В паре: «Что-то сбывалось над ним» – «спросить мне хотелось» левый член формально не является безличным. Однако Жуковский воспринимал пассивную форму (в сочетании с неопределенным местоимением «что-то») как адекватную безличной, что отчетливо видно из всей конструкции этой части текста.
Заключительное «что видишь?» снова возвращает нас к активным и личным глагольным формам начала стихотворения, но с заменой оппозиции: «я – он» на «я – ты» и повествовательной интонации на вопросительную.
Таким образом, мы получаем некоторое совершенно бесспорное членение текста на сегменты, различно организованные в отношении глагольных групп. Какая же грамматическая семантика активизируется подобным членением? Вначале субъект и объект поэтического мира («я – он») наделены признаками личными и активными, затем личными и пассивными и, наконец, безличными.

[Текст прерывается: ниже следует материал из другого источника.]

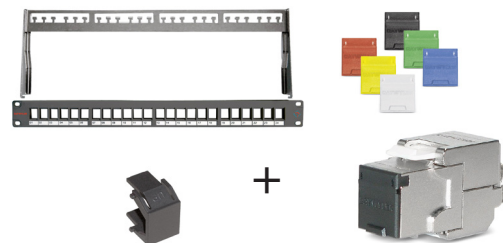

Panneau de brassage vide +
support arrière :

1U, 24xRJ45 FTP noir : 418019
1U, 24xRJ45 FTP gris : 418020
obturateur blanc : 418010
obturateur noir : 418011

Noyaux RJ45 blindés Cat 6 :
Noyau : 418054 (par lot de 10)

Câble U/FTP 4P, Cat6,
300MHz, gaine FRNC/LSOH :

Simple : 182936
(touret de 1000m)

Plastron 45x45 avec volet obturateur :

Plat, 1 port : 418030
Plat, 2 ports : 418032
Incliné, 2 ports : 418033

Noyaux RJ45 blindés Cat 6 :

Noyau : 418054 (par lot de 10)

Chaîne de liaison Catégorie 6A Blindée Classe EA Environnement tertiaire

Salle informatique

Ordinateur

Cordon de Brassage RJ45 cat 6A avec câble cat7 S/FTP, gaine FRNC/LSOH gris :

1m : 653508
2m : 653510
3m : 653512
5m : 653516
10m : 653526

Autres couleurs sur demande :
rouge, bleu, vert, jaune et orange

Panneau de brassage vide + support arrière :

1U, 24xRJ45 FTP noir : 418019
1U, 24xRJ45 FTP gris : 418020
obturateur blanc : 418010
obturateur noir : 418011
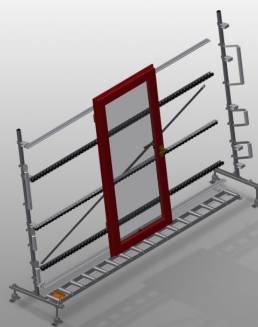

VR4000

Rulliere verticali

Rulliera verticale per il trasporto e l'immagazzinaggio di elementi di finestra

- Solida struttura in acciaio
- Espansione in un sistema modulare
- Rulliera verticale per il trasporto continuo e l'immagazzinaggio di elementi di finestra
- Facilità di manovrare gli elementi di finestra
- Ogni unità di rulliera è lunga 4.000 mm
- Listelli scorrevoli in PVC superiori e inferiori
- Tre guide a rotelle con rulli in gomma, diametro 50 mm
- Unità di base senza montante terminale

Opzioni

- Montante terminale
- Montante di arresto
- Rullo di inserimento
- Protezione del profilo per i rulli portanti (alluminio)

Appoggio verticale

Appoggio verticale posteriore con listelli scorrevoli in PVC in alto e in basso

Rodillo de introducción

Rodillos de protección para el principio o el final del transfer de rodillos L = 500 mm (par) L = 250 mm (par)

Montante final

Al final de la línea es imprescindible necesario un montante final para VR 2000/3000/4000

Guida a rotelle

Tre guide a rotelle con rulli in gomma, diametro 50 mm

Regolazione altezza guida a rotelle

Guida a rotelle regolabile in altezza

Regolazione altezza rulliera

Altezza della rulliera inferiore regolabile tramite i piedini
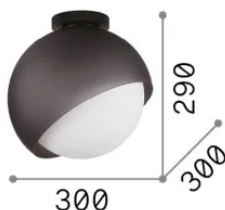

Info sorgente e prestazionali

Sorgente integrata	-
Sorgente sostituibile	No
Potenza	E27 max 1 x 42 W
Emissione	-
Consumo massimo	-

Конечно, в общеязыковом употреблении, в котором использование тех или иных глагольных категорий упорядочено относительно грамматики и не упорядочено (или не обязательно упорядочено) относительно семантики (одну и ту же систему значений можно передать в пределах одного или нескольких языков различными способами), те же глагольные категории могли бы восприниматься как полностью формальные. Так, в предложении: «Было принято решение действовать энергично» – пассивная конструкция не создает значения пассивности. Иное дело в поэтическом тексте. Но и здесь мы имеем дело со вторичным явлением – семантизацией формальной структуры. Семантизация эта (ср. аналогичные факты так называемой «народной этимологии») может идти путями более общими, «естественными» для всего коллектива, пользующегося данным языком. Таково осмысление признаков грамматического рода как пола, актива – пассива как активности – пассивности и т. д. Однако в подобном вторичном осмыслении всегда присутствует и окказиональный элемент, создаваемый в данном тексте.

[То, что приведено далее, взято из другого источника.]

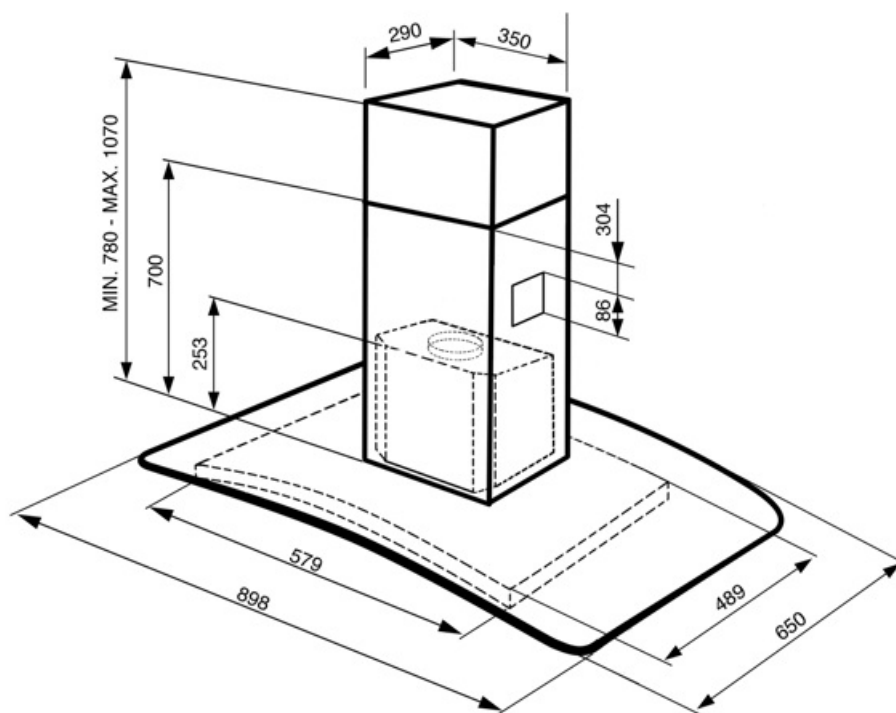

Максимальная производительность (стандарт Международной электротехнической комиссии IEC 61591) [м³/ч]	Уровень шума (стандарт Международной электротехнической комиссии IEC 60704-213) [дБ(А)]
1-я скорость	260	45
2-я скорость	405	56
3-я скорость	545	63
Интенсивный режим	660	68

Электрическое подключение

Номинальная мощность	330 Вт	Длина электрического кабеля	1500 мм
Напряжение	220-240 В	Тип электрической вилки	Нет
Частота тока	50 Гц		

Дополнительные аксессуары

Угольный фильтр	KITFC161	Расширение дымохода	No
Пульт дистанционного управления	No	Диаметр воздуховода	No
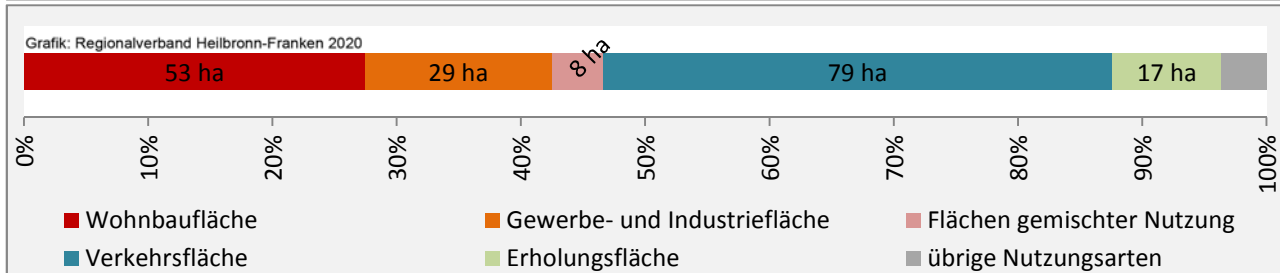

Ellhofen - Flächenentwicklung

Datengrundlage: Landesamt für Statistik Baden-Württemberg

Abbildungen und Berechnungen: Regionalverband Heilbronn-Franken

Упорядоченность грамматических категорий создает для них презумпцию осмысленности – мы знаем, что у них есть семантическое значение. Но каково это значение, мы узнаем лишь из конструкции данного текста. Всегда остается известный структурный резерв и на чисто индивидуальное истолкование.
И в разбираемом нами тексте грамматическая упорядоченность семантизируется двумя способами: за счет «естественной» интерпретации категории «актив – пассив», «личные формы – безличные формы» и в связи с другими конструктивными уровнями данного текста.
Большое значение для интерпретации семантики грамматических форм имеет лексика текста.